Well my new boss (J) has come to the party, he realized that our old boss (D), is a nut.
He came into our office complaining about her. Smh. It's sad because J is a super great guy, very knowledgeable but once again, D can make you feel little. I'm praying that J stays but something tells me that if D continues on the path that she's on, he'll be gone.
I've been applying for jobs, but honestly, I love what I do and the people I work with, it's just D. She was promoted, not due to her knowledge or lack of, but who she knows. Sad, just sad.
On a financial note, we went out to happy hour/dinner at Bone Fish yesterday. I had the $15.99 meal with a $3.50 drink, total $19.49, plus $5.51 tip. Oops I did not calculate the tax. I was going to treat my colleague but I thought about my envelope and spending the $25 I had already accumulated, it actually annoyed me, so I opted out. Dave Ramsey was right, when money leaves you it hurts.
Today we all went to chili's and I spent another $20, thank goodness for my budget envelopes. Even though I'm within my budget I hate spending money eating out. I told the girls that was it for me.
So I'm updating my spending spread sheet and balancing my accounts. I realize I have $66.68 in my checking account that I have for fun. So I transferred $30.68 to EF, that's for baby step 1. I would have transferred all funds but I like leaving a little something in this account.

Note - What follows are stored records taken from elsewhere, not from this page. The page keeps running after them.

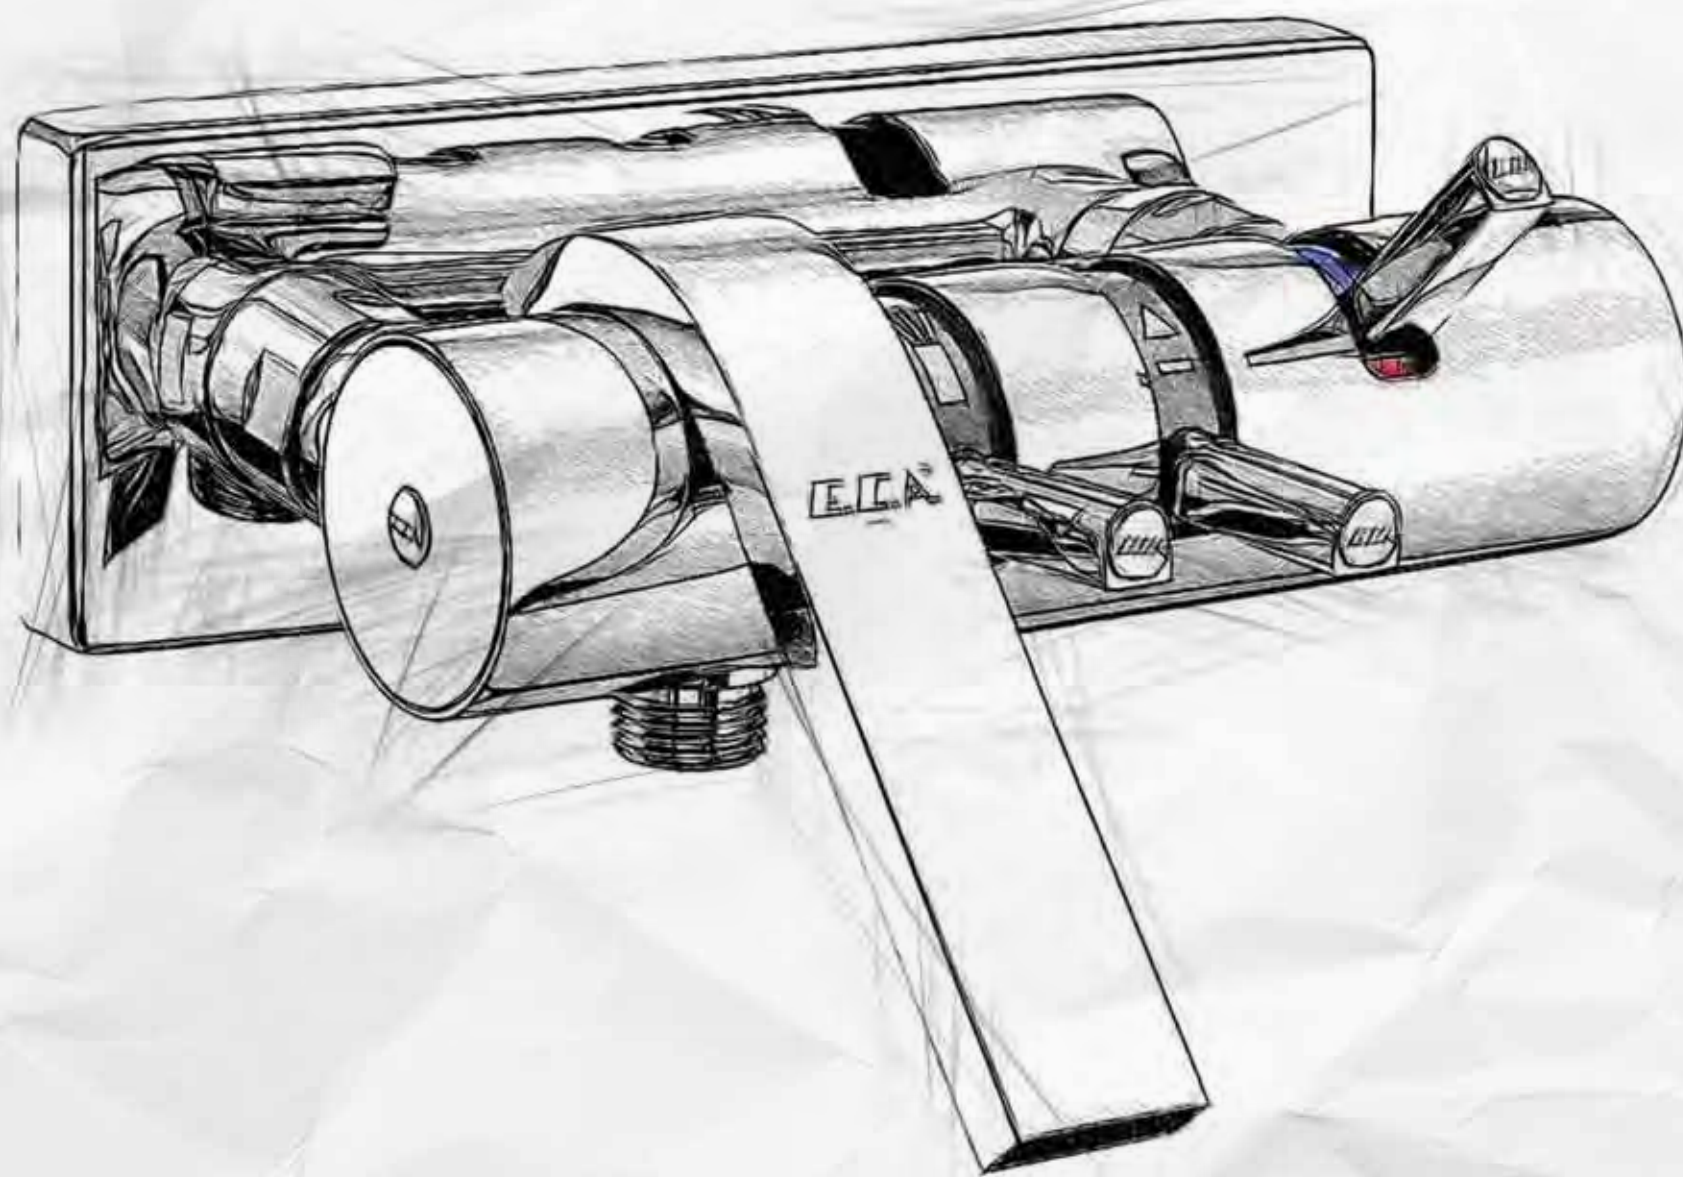

2012
Good Design Award

Electra

Concealed Bath Mixer
102102444EX

Basin Mixer
102108927EX

Sink Mixer
102118035EX

Concealed Basin Mixer
102105124EX

Primemix

Primemix Series removes the necessity of re-adjustment of the temperature each time due to its patented special cartridge enabling you to adjust the water flow and temperature adjustment individually.

Ive signed up again for Dave Ramsey's FPU. I'm really enjoying the class and need that extra support
Things have been a little low key today.
Super busy at the office, one fire after the next. One of the girls offered to take me out for happy hour, she knows that I'm on a strict budget. Even though I budgeted $100 for dining out and entertainment for two weeks, I still said no. I didn't not want to spend my money on eating out. Dave Ramsey is really working on me. My co-worker insisted and stated she would buy so I finally said okay.
Upon arrival to Chili's 🌶 I ordered from the bar menu and ordered fries, a drink and wings, total about $17. I offered to pay for my meal, she insisted that I do not, so I left a $5 tip. I'm things worked out the way they did because I still have $95 to last me until next Friday. 😃
After leaving chili's I filled up my car 🚗, $27. I'm hoping that this last until next Thursday because I only have $20 left in this week's budget for gas ⛽️.

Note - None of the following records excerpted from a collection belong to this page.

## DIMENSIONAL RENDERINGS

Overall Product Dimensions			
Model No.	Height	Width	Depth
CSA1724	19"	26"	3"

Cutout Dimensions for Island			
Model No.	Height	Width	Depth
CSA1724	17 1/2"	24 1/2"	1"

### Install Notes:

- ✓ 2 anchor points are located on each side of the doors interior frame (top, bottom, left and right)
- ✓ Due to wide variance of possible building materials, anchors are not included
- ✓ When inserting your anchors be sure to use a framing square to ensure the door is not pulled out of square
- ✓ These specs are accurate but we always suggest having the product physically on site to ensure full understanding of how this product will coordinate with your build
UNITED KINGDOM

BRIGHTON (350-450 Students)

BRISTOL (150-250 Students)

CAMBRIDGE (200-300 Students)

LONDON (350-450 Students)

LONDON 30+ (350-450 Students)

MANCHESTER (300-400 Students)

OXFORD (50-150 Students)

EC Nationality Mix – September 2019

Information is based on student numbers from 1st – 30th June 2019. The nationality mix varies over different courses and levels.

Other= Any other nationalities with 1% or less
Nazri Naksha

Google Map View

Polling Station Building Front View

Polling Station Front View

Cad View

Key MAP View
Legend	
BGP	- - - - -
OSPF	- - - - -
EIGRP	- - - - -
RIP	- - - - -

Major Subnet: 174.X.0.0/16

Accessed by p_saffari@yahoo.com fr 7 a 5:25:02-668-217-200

I've completed my zero balance budget for the next pay date. Things will be tight. I have a wedding (gift 🎁), two birthdays (🎁); Halloween 👻(🎁) Boss' Day (🎁) and refill on contacts. Because of all these up coming items that cost money, I had to cut some things short. For example, my dining out/ entertainment and saving contribution amount was decreased 😢.
Since I'm all about saving, I did a little research and found a cosmetology school that provides pedicures for $10 vs the usual $20. I'm going to give them a try.
Lastly, I have a phone inter tomorrow. I love what I do now and the people I work with, but the director of the department makes things extremely difficult.
That's all I have for now.
So I usually pack my lunch because one, I can't afford to eat out every day, two I like my quiet time to read up on a few HR things and Bible study, three it's expensive to eat out.
So my boss comes and says the team is going out to lunch and she'd like to take me out for my birthday. I declined respectfully and explained that I had already plugged in my crockpot lunchbox. She insists and so does other teammates, so I say okay. We get there order, and the waitress comes and ask if the checks are separate. My boss who was taking me out to lunch says yes.
😡 Now I'm annoyed. First you said you wanted to take me out, second I had already packed my lunch and two we spent our lunch wolfing down our food because you're in a hurry, not to mention she didn't eat any of her food and complained the entire time. Ugh
Lunch was $14 but I added $5 for a tip costing me $19. And because I had not budgeted and any time I do this I pay the same amount on my CC. Ugh. $40 I really didn't want to spend and it was rude.
Twice this week I've been bamboolzed and it won't happen again.